START Data to process

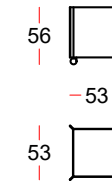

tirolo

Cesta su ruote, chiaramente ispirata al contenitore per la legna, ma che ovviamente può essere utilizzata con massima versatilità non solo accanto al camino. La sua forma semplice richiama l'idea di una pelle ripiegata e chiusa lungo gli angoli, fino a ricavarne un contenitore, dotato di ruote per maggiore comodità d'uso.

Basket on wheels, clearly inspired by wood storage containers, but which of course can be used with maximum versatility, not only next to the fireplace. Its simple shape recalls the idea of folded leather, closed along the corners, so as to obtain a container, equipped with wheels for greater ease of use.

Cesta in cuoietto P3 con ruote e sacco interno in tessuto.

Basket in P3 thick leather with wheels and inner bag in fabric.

END Data to process
START Data to process

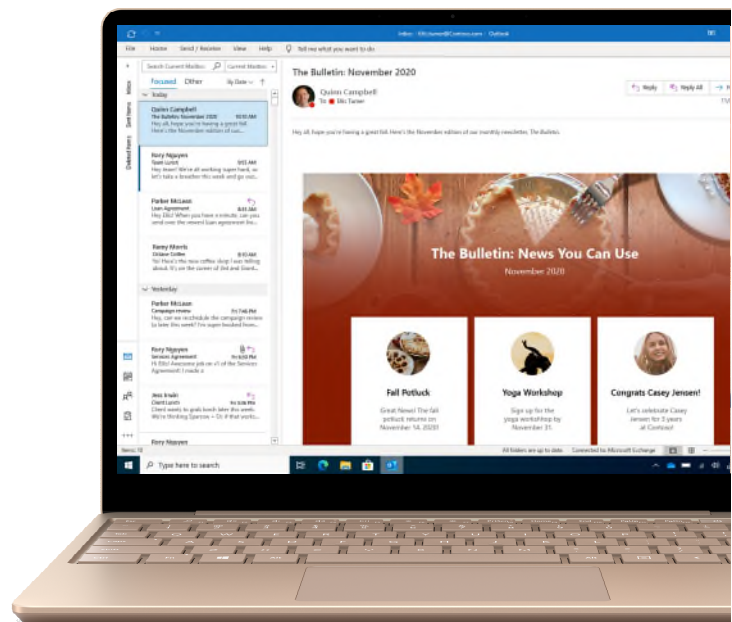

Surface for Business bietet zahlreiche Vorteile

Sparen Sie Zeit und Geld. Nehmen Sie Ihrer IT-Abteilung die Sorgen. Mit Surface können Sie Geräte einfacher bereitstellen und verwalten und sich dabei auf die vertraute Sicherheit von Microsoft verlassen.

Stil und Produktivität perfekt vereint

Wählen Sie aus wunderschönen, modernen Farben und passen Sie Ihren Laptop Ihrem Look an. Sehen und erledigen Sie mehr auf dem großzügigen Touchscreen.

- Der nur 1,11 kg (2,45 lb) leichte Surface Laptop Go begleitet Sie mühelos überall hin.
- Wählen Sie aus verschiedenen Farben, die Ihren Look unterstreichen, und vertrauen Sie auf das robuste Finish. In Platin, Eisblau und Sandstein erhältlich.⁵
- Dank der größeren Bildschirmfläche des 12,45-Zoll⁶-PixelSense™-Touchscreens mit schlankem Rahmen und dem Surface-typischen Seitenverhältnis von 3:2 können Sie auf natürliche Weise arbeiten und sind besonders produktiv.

END Data to process
START Data to process

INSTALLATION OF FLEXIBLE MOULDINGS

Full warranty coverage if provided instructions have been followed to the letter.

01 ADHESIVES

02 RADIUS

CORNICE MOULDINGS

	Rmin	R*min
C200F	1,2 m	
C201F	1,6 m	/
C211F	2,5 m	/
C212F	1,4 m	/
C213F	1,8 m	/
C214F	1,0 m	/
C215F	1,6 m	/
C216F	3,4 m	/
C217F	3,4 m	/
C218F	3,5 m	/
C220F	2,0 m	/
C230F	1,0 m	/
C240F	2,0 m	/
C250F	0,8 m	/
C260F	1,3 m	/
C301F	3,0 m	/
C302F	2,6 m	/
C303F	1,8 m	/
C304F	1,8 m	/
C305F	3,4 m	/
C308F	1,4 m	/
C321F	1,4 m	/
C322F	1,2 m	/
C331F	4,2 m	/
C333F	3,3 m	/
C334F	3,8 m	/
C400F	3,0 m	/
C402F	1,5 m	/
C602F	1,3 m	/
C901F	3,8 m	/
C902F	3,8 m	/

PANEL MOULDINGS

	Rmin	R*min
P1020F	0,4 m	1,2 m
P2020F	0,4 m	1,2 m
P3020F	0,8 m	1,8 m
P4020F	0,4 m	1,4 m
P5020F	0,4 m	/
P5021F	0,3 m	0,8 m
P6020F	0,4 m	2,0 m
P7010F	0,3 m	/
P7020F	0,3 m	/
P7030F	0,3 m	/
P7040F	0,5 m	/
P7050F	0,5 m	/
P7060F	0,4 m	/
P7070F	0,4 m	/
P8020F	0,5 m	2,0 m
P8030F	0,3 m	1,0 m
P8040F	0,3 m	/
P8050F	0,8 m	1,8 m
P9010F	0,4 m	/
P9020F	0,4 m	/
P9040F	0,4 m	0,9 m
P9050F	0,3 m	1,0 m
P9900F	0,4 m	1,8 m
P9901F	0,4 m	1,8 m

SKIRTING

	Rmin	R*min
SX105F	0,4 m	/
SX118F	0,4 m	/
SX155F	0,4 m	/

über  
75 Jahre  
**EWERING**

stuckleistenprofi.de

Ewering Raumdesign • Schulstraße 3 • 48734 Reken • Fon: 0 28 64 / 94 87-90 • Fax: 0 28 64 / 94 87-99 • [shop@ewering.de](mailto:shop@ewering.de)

END Data to process

• Work request: Filter the entries down to the lines with the word "Farben" in them, and copy those lines.

• Solution to this task:
Wählen Sie aus wunderschönen, modernen Farben und passen Sie Ihren Laptop Ihrem Look an. Sehen und erledigen Sie mehr auf dem großzügigen Touchscreen.
- Wählen Sie aus verschiedenen Farben, die Ihren Look unterstreichen, und vertrauen Sie auf das robuste Finish. In Platin, Eisblau und Sandstein erhältlich.⁵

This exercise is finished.